Note that we use the term ‘hormonal contraception’ to mean injectable and oral contraceptives.

Methods

Data

The trial design, methods and results have been described elsewhere (Nunn et al., 2009; McCormack et al., 2010; Pool et al., 2010a,b). Briefly, MDP301 was a phase 3 double blind randomized placebo-controlled trial investigating the safety and efficacy of the candidate microbicide PRO2000, formulated in a gel and inserted prior to sex via a vaginal applicator. Trial registration: ISRCTN64716212. A total of 9385 women were enrolled from six centres from four sub-Saharan African countries: three centres in South Africa and one each in Uganda, Tanzania and Zambia. HIV-negative women aged 16 or older (age 18 years or older in South Africa and Zambia) were recruited in a range of settings and in Uganda were recruited as sero-discordant couples with their HIV-positive partner. The primary end-point was incidence of HIV infection over 52 weeks of follow-up and the study concluded that there was no evidence that PRO2000 gel protected women from HIV infection. A total of 8663 HIV-negative women were included in the present analysis. Those excluded were: 69 participants found to be HIV positive at enrolment, 458 who had no follow-up data on HIV and a further 18 using hormonal implants who were considered too few to form a separate group for analysis. In addition 177 participants aged 51 years or above were also excluded as being beyond reproductive age. Participants reported contraception at baseline and then at each 4-weekly visit through to Week 52.

Outcome

During the 52 weeks follow-up, the 8663 study participants contributed a total of 8122 person-years (py) for analysis. HIV testing occurred at Weeks 12, 24, 40 and 52 and results were confirmed in a central laboratory (Jentsch et al., 2012). Follow-up time was measured from enrolment to the date of the earliest positive HIV test, last follow-up visit or Week 52. A total of 382 incident HIV infections were included in the analysis.

Exposure

Data on contraception were collected every 4 weeks from enrolment from the following question in the sexual behavioural case record form: ‘Are you currently using any form of family planning?’ Where available, these data were cross-checked with the contraception dispensing data. Responses for type of HC were categorized for analysis as: (i) injectable depo-medroxyprogesterone (DMPA) (ii) injectable norethisterone enanthate (Net-En); (iii) oral contraceptive pills (OC) and (iv) not using HC (the reference category). This reference category was chosen to aid comparison with previous studies and included the following types of contraception: no contraception (44% at baseline); condoms for family planning (male or female) (50% at baseline); natural or traditional methods (e.g. wooden band or local herbs) (4% at baseline); sterilization (1% at baseline); intrauterine contraceptive device (1% at baseline).

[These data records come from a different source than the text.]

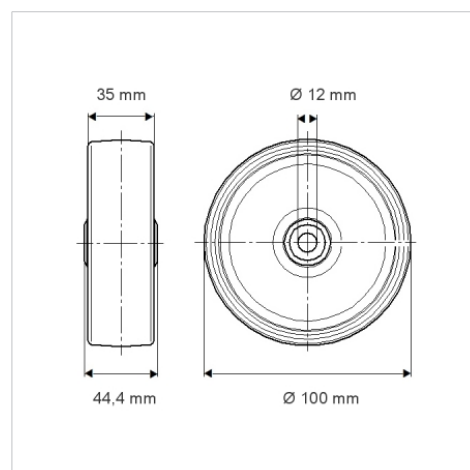

# PURETECH

PIR100x35-Ø12 HL44,4

EAN 4031582320336

Центр колеса із поліпропілену, протектор: тверда гума, сірий без маркування, роликотпідшипник

**TENTE**

BETTER MOBILITY. BETTER LIFE.

Picture may differ from original product

## Технічні характеристики

Діаметр колеса	100 мм
Ширина колеса	35 мм
Діаметр отвору осі	12 мм
Довжина ступиці	44.4 мм
Температура	- 20 / + 60 °C
Стандарт	EN 12532
Вага	0.283 кг
Міцність покриття	Міцність за Шором А 80
Вантажопідйомність	75 кг
допустиме навантаження (статичне)	150 кг

## Dimensions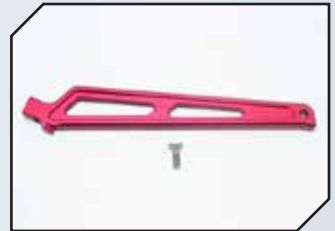

Art.Nr.: GPMMAT016RR
GPM Aluminium Chassis Verstärkung hinten rot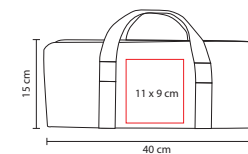

## ■ BBQ 042

SET DE BBQ JASPER

Material: Acero Inoxidable / Poliéster

Medida: 40 x 15 cm

Área de Impresión: 11 x 9 cm

Técnica de Impresión: Serigrafía  
Colores: Negro

Incluye pinza, tenedor y espátula.

## ■ PWT 060

JUEGO DE CUCHILLOS LONDON

Material: Metal / Plástico  
 Medida: 26.5 x 20.5 cm Estuche /  
 2.2 x 23.5 cm Cuchillo  
 Área de Impresión: 22 x 16 cm Estuche /  
 0.8 x 3 cm Mango  
 Técnica de Impresión: Serigrafía  
 Colores: Negro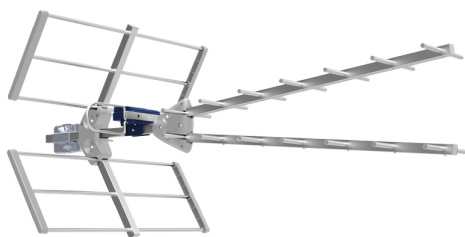

DUAL32MAX

DUAL32MAX ANTENNA 16 ELEM. BAN - DA UHF

COD. ARTICOLO
DUAL32MAX

LISTINO
€ 39,90

NOTA TECNICA

L'antenna DUAL32MAX è caratterizzata dalla sua doppia culla che le garantisce elevata direttività e guadagno. Con sistema "Easy mount" permette al prodotto di essere montato velocemente e senza bisogno di utensili. La presenza del filtro 4g LTE all'interno del dipolo, fa sì che l'antenna sia in grado di attenuare eventuali segnali telefonici interferenti salvaguardando la visione e la qualità dei programmi televisivi.

APPLICAZIONI

Antenna a doppia culla con elevato guadagno e direttività, Antenna semplice e veloce da assemblare grazie al suo montaggio Easy mount.

PUNTI DI FORZA

- Filtro 4G/LTE integrato. - Possibilità di installazione in pol. orizzontale e verticale - Ottimo rapporto qualità prezzo. - Montaggio facilitato Easy mount.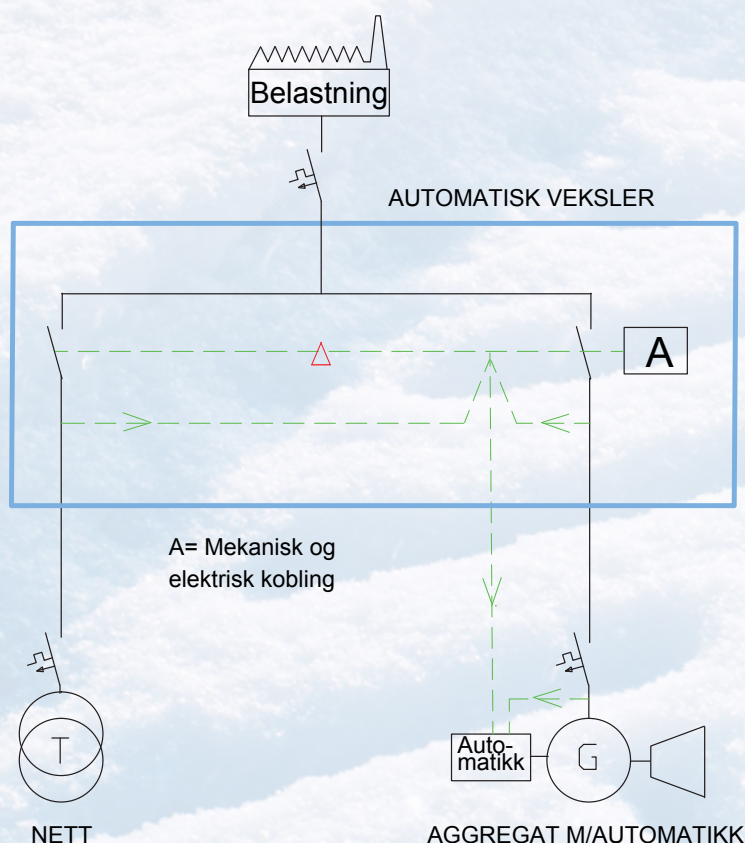

## Store aggregater på forespørsel!

AK-022 åpent

AK-022 kapslet

**Automatisk veksler mellom nett og generator**  
ATS Panel (Nett- og generatorbryter)  
Styringen er montert på aggregat

Ytelse (Amp)	Størrelse
60 A	600x400x260
100 A	700x500x260
125 A	700x500x260
160 A	700x500x260
260 A	1200x600x400
400 A	1700x800x500

## EKSEMPEL PÅ EN ENKEL STANDARDINSTALLASJON

SPJELD med spjeldmotor er ikke nødvendig om det ikke er ønskelig med ett «tett» rom når aggregatet ikke går.

Eksospakke bestilles separat og inneholder : Fleksibel kobling (+/- 1m), Eksosrør (+/- 1m), Eksosgjennomføring Vegg, 30 graders bend, eksoshane og eksosklemmer (6 stk).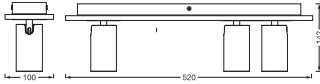

AFMETINGEN & GEWICHT

Lengte	520,00 mm
Breedte	100,00 mm
Hoogte	142,00 mm
Product gewicht	1180,00 g

403 Forbidden

MATERIALEN & KLEUREN

Kleur van het product	Houtdecor Zwart
Kleur behuizing	Houtdecor Zwart
Body materiaal	Staal hout
Glow Wire Test volgens IEC 60695-2-12	650 °C
Kwikgehalte	0.0 mg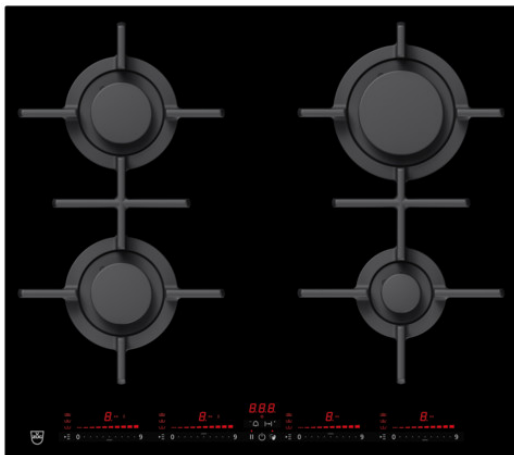

V-ZUG AG

Industriestrasse 66, Postfach, 6302 Zug

Telefon +41 58 767 67 67

info@vzug.com, www.vzug.com

Productkenmerken GAS641GSAZ

Geselecteerd product

- Artikelnummer : 3107160415
- EAN-code: 7630029415504
- Type: GAS641GSAZ
- Productcategorie: Kookveld
- Breedte: 60 cm
- Uitvoering: BlackDesign
- Rand: DualDesign

GAS641GSAZ

Conform verordening

- (EU) Nr. 66/2014
- GB 21456-2008: Nee

Design

- Type: GAS641GSAZ
- Productcategorie: Kookveld
- Breedte: 60 cm
- Uitvoering: BlackDesign
- Rand: DualDesign

Specificaties

- Toestelhoogte: 145 mm
- Toestelbreedte: 571 mm
- Toesteldiepte: 501 mm
- Hoekradius van het toestel: 1.5 mm
- Breedte legplanken: 560 mm
- Max. breedte legplanken: 560 mm
- Diepte legplanken: 490 mm
- Max. diepte legplanken: 490 mm
- Inbouwhoogte vlak ingewerkt: 98 mm
- Inbouwhoogte opbouw: 94 mm
- Uitsnijdingsbreedte bij vlak ingewerkte uitvoering: 577 mm
- Uitsnijdingsbreedte bij opbouw: 560 mm
- Uitsnijdingsbreedte bij opbouw max.: 560 mm
- Uitsnijdingsdiepte bij vlak ingewerkte uitvoering: 507 mm
- Uitsnijdingsdiepte opbouw: 490 mm
- Uitsnijdingsdiepte opbouw max.: 490 mm
- Leeg gewicht: 14.2 kg
- Positie kookzone 1: links vooraan
- Positie kookzone 2: links achteraan
- Positie kookzone 3: rechts achteraan
- Positie kookzone 4: rechts vooraan

Bediening en display

- Display: Grafisch kleurendisplay met aanraakbediening
- Bediening: Multislider-bediening/directe keuze
- Slider-bediening
- Talen op het display: -
- Instelling toetstoon (Aan/Uit)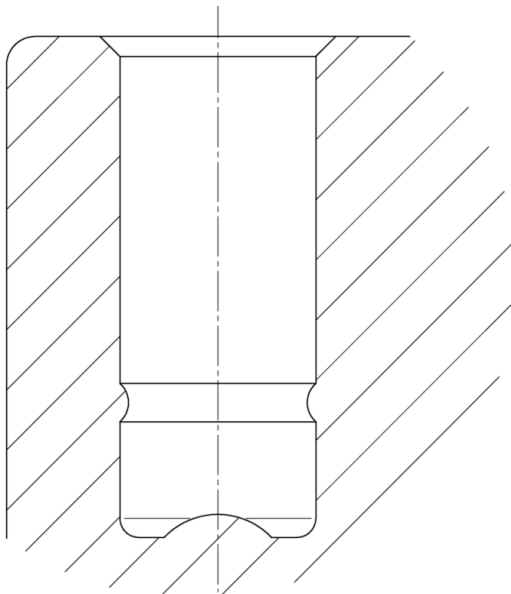

## MONTÁŽ

|                        |                             |
|------------------------|-----------------------------|
| Typ uchycení           | slepá díra pro armaturu B10 |
| Průměr otvoru uchycení | 10 mm                       |

# LINEA LIGHT

5920XSO075L51-10 7001/7015/7001/1016

EAN 4031582399073

Objednáací číslo 00770563  
Product Drawings

BETTER MOBILITY. BETTER LIFE.

Návrhář klub  
Deutscher

Ocenění  
Interzum  
Award

product  
design  
award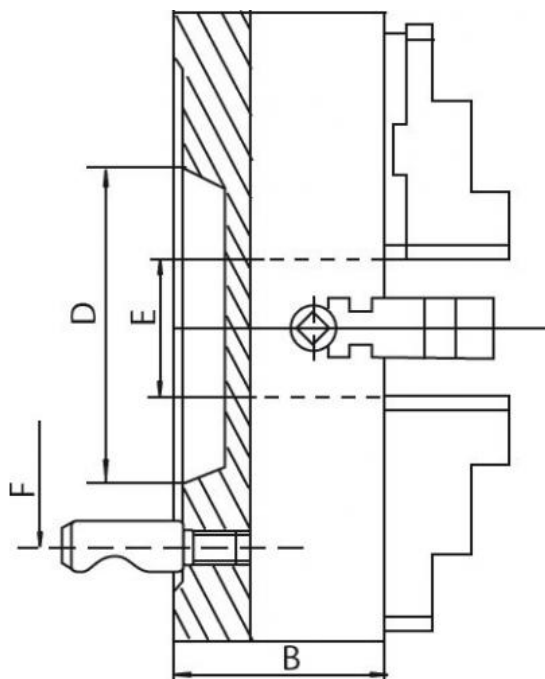

Upínací deska 200, litina, DIN 55029-5", jednoduché čelisti

Kód produktu: ZE-4159-205
EAN: 4049794048573
Celní tarif: 8466 2091
Hmotnost: 20,00 kg
Výrobce: [Zentra](#)
Dostupnost: skladem

9 669,42 Kč bez DPH
14 625,00 Kč **11 700,00 Kč s DPH**
386,78 € bez DPH
585,00-€ **468,00 € s DPH**

4 individuálně nastavitelné čelisti. Samostatná sklíčidla jsou vhodná zejména pro upínání obrobků nepravidelného tvaru.

Upínací deska vč. 1 sady kalených oboustranných čelistí, klíče a montážních šroubů

Parametry

A	200	B	75	D	82.6
E	56	F	104.8	kg	10
Kužel	5	Nevyváženost gcm	10-200	Oběžný pr.max	235
U/min max	1800				

Tento produkt najdete v našem [KATALOGU na straně 38 \(2021\)](#)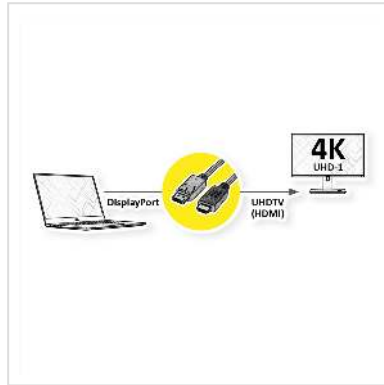

ROLINE DisplayPort Kabel DP - UHDTV, Dun, M/M, zwart, 2 m

Art.nr.	11.04.5996
Fabrikant	ROLINE
Art.nr. fabrikant	11.04.5996
EAN (een stuk)	7630049621206

roline
Designed for Professionals

4K

DisplayPort naar UHDTV-kabel voor het overbrengen van content van uw grafische kaart (DisplayPort) naar uw TV (UHDTV) - met een kwaliteit tot 3840x2160 @60Hz, inclusief audio transmissie!

- UHDTV is de standaard voor digitale videotransmissie in de TV/multimediasector voor bijvoorbeeld: Aansluiting van een tv-toestel met HDMI-interface op een weergaveapparaat met DisplayPort-aansluiting.
- Kabel met één DisplayPort en één HDTV stekker. DisplayPort is signaalcompatibel met HDMI.
- Opmerking: Een DisplayPort UHDTV-kabel kan slechts in één richting worden gebruikt: de DisplayPort-aansluiting kan alleen aan de data-bronzijde (bijv. grafische kaart) worden gebruikt.

Technische specificaties

Producent	ROLINE
Produkt groep	Kabel
Produkt type	DP UHDTV kabel
Kleur	zwart

Lengte	2 m
Overdracht kwaliteit	DisplayPort v1.2
Max. Resolutie	3840 x 2160 @60Hz (4K, UHD-1)
Connector kant 1	DisplayPort Stecker
Connector kant 2	HDTV Male
Type connector kant 1	DisplayPort
M/F kant 1	Male
Type connector kant 2	UHDTV
M/F kant 2	Male
Toepassing	extern
Kabel afscherming	afgeschermd
Gewicht	73.1 g
Hoogte verpakking	20 mm
Breedte verpakking	100 mm
Diepte verpakking	100 mm
Gewicht verpakking	0.1 kg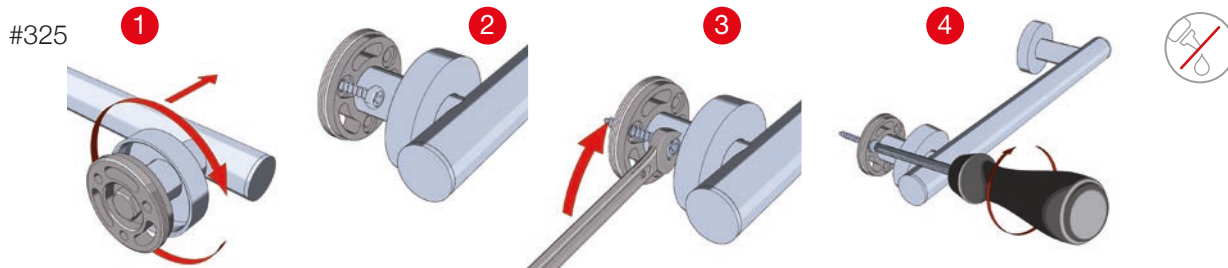

HOME

Fitting Instructions
 Monteringsanvisning
 Monteringsinstruktion
 Monteringsvejledning
 Asennusohje
 Gebrauchsanweisung

SE Vid limning; dra inte åt skruven för hårt
 DK Ved limning; undgå at stramme skrueerne for hårdt
 NO Ved limning; ikke stram skruen for hardt
 FI Liimattaessa; älä kiristä ruuvia liian tiukkaan
 UK When gluing; do not over-tighten the grub screw
 DE Bei Klebefestigung die Imbusschraube nicht zu fest anziehen

- | | | |
|-------|-------|------|
| #320 | #3411 | #358 |
| #323 | #3414 | #359 |
| #326 | #342 | #369 |
| #327 | #343 | #370 |
| #3231 | #344 | |
| #332 | #3464 | |
| #333 | #347 | |
| #3364 | #355 | |
| #341 | #356 | |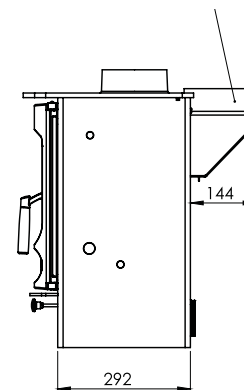

<b>PUISSANCE EMISE</b>	5.0kW (entre 2 et 5.5kW)
<b>RENDEMENT</b>	82%
<b>DIAMETRE DU TUYAU D'EMISSION</b>	Par le dessus ou par l'arrière 125 mm
<b>EMISSION CO</b>	0.06%
<b>LONGUEUR MAXIMALE DES BUCHES</b>	305mm
<b>POIDS</b>	Sur socle bas 96kg Sur bûcher 104kg
<b>COULEURS</b>	Noir, Bleu, Vert, Marron, Bronze, Ivoire, Étain, A canon
<b>ACCESSOIRES</b>	Porte-cendre Adaptateur vertical arrière Grille de décrochage optionnelle Socle bûcher

Vue de haut

Adaptateur vertical arrière

Sur socle bas

Sur bûcher

Vue avant

Vue latérale

Vue arrière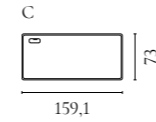

NUMMER	PRODUKTNAME	PRODUKTNUMMER	TIEFE x BREITE x HÖHE
A	Acentric Schreibtisch	03-130-01	73 x 159,1 x 74 cm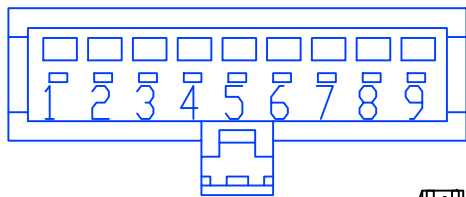

Dimensions(Unit=mm) Model: HR11-130

電機線

序號	顏色	信號
1	藍	A+
2	白	B-
3	紅	A-
4	黃	B+

編碼器信號

序號	顏色	信號
1	棕	A+
2	橙	A-
3	白	B+
4	灰	B-
5	藍	Z+
6	紫	Z-
7	紅	+5V
8	黑	GND
9		Shield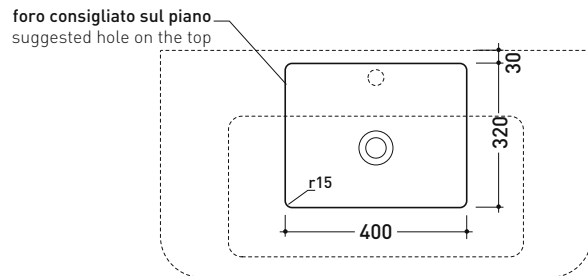

MA95L Madre 95

Lavabo cm 95 sospeso - appoggio - su colonna

• CON TROPPOPIENO • PREDISPOSTO TRE FORI RUBINETTO

Complementi: Specchio MADRE (MASPE75)
Colonna in ceramica MADRE (MACOL)
Rubinetti lavabo linea EVERGREEN - X1- ONE - NOKÉ - FOLD
Accessori linea EVERGREEN - HOOP - TWO - NOKÉ - FOLD

Accessori tecnici: Sifone cromo (SIFL/CR) - Sifone oro (SIFDR)
Piletta Stop & Go (PLSG)
Piletta Stop & Go in ceramica (PLCE)
Set 2 pezzi rubinetto filtro cromo (RF026)
Kit fissaggio parete (9002)

Dim. Imballo

Peso 29,5 kg

Pz. Pallet n° 10

CE UNI EN 14688 - CL20 Dop-No14688

dimensioni in mm

Le misure dimensionali riportate hanno una tolleranza del 2%

CERAMICA: finiture lucide

bianco

nero

finiture opache

latte

carbone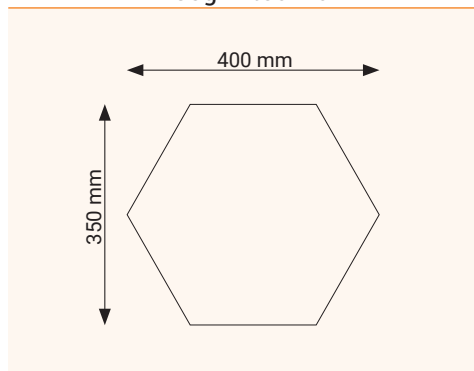

Disegni tecnici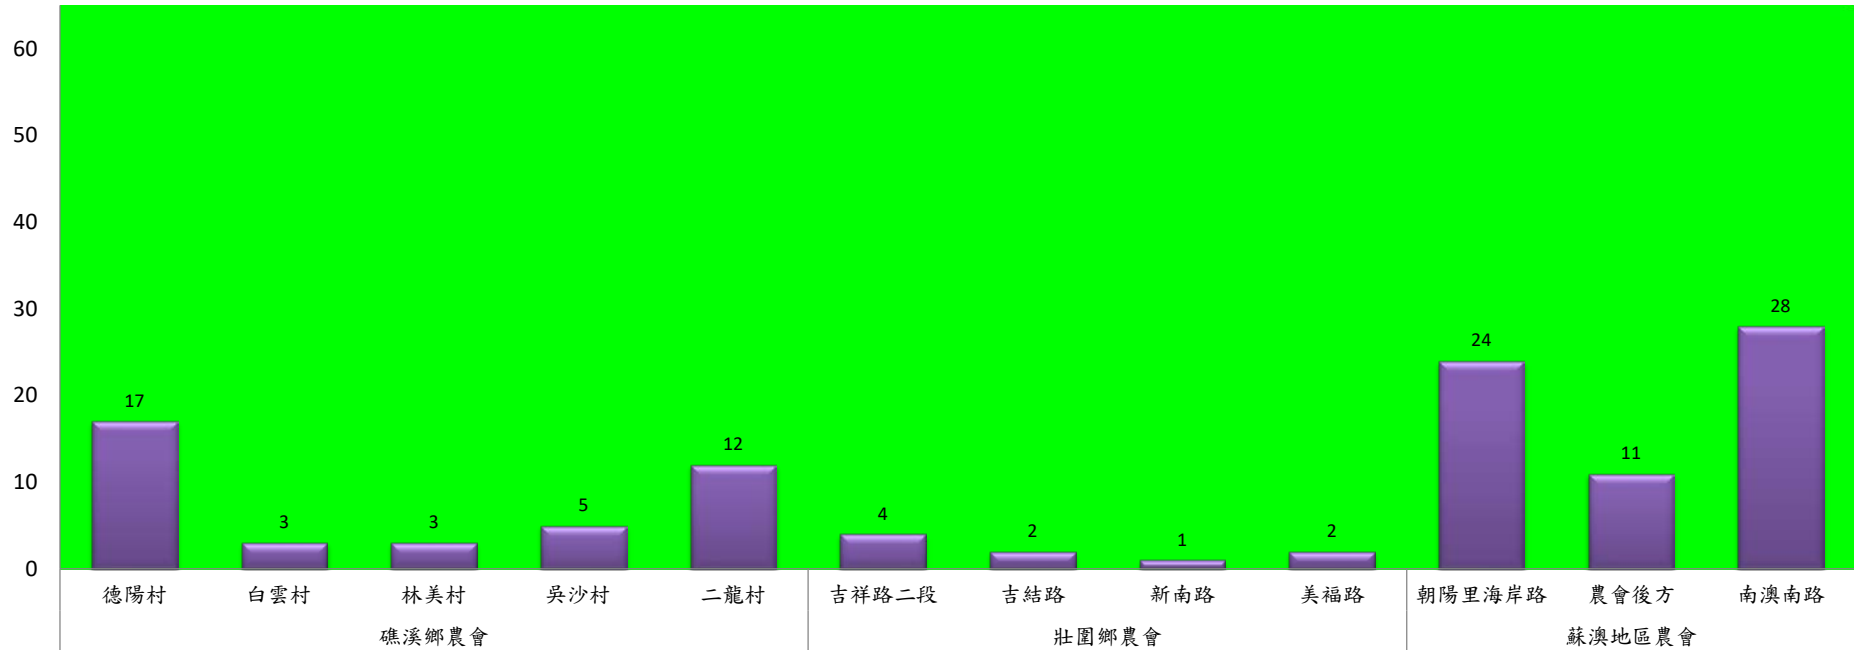

成蟲數燈號表示：

- 綠燈→小於25隻；防治良好
- 藍燈→26-76隻；預警
- 黃燈→77-256隻；警戒
- 紅燈→257隻以上；啟動防治

111年11月下旬甜菜夜蛾農會監測平均隻數

甜菜夜蛾	宜蘭市農會			壯圍鄉農會				員山鄉農會		三星鄉農會						
	高速公路下	雪隧路旁	七張路旁	吉祥路二段	古結路	新南路	新南溪床	雙連埤	深溝	人和	貴林	天福	萬德	尚武	大洲	萬富
11月下旬	24	13	18	6	5	8	7	17	19	1	0	0	0	1	0	0

成蟲數燈號表示：

- 綠燈→小於25隻；防治良好
- 藍燈→26-76隻；預警
- 黃燈→77-256隻；警戒
- 紅燈→257隻以上；啟動防治

宜蘭縣 動植物防疫所

Animal and Plant Disease Control Center Yilan County

111年11月下旬瓜實蠅本所監測平均隻數

瓜實蠅	礁溪鄉			壯圍鄉		
	玉光村	三民村	二龍村	縣民大道	古結村	新南村
11月下旬	7	0	12	3	4	0

成蟲數燈號表示：

111年11月下旬瓜實蠅農會監測平均隻數

瓜實蠅	礁溪鄉農會					壯圍鄉農會				蘇澳地區農會		
	德陽村	白雲村	林美村	吳沙村	二龍村	吉祥路二段	吉結路	新南路	美福路	朝陽里海岸路	農會後方	南澳南路
11月下旬	17	3	3	5	12	4	2	1	2	24	11	28

成蟲數燈號表示：
 綠燈→小於65隻；防治良好
 藍燈→65-256隻；預警
 黃燈→257-1024隻；警戒
 紅燈→1025隻以上；啟動防治

Note that data collected on OC did not distinguish between different types of pill. In the setting of this study however it was likely that the combined OC would have been used.

Covariates

Baseline variables considered were: socio-demographic (age, centre, education, employment status, randomized gel group); sexual behaviour (age of first sexual intercourse, sexual frequency during the last 7 days, condom use at last sex act, anal sex in last 4 weeks, sex during menses and number of sexual partners (reported in the last 4 weeks)); reported genital history (unusual discharge, itching, ulcers and ectopy); and laboratory findings (described below). Covariates measured in follow-up were: sexual frequency during the last 7 days and condom use at last sex act (4-weekly); genital findings reported every 4 weeks; urine tests for pregnancy taken 4-weekly from enrolment; herpes simplex virus (HSV)-2 serology (for those HSV-2 seronegative at enrolment) and confirmed by the central laboratory at Weeks 0, 40 and 52; presence of Neisseria gonorrhoea (NG), or Chlamydia trachomatis determined from an endocervical swab taken at Weeks 0 and 24; Trichomonas vaginalis diagnosed using the In Pouch culture method also at Weeks 0 and 24; syphilis determined serologically at Weeks 0, 40 and 52; bacterial vaginosis (Ison Hay) at Weeks 0, 12, 24, 40 and 52. Additional tests were performed at unscheduled visits if indicated.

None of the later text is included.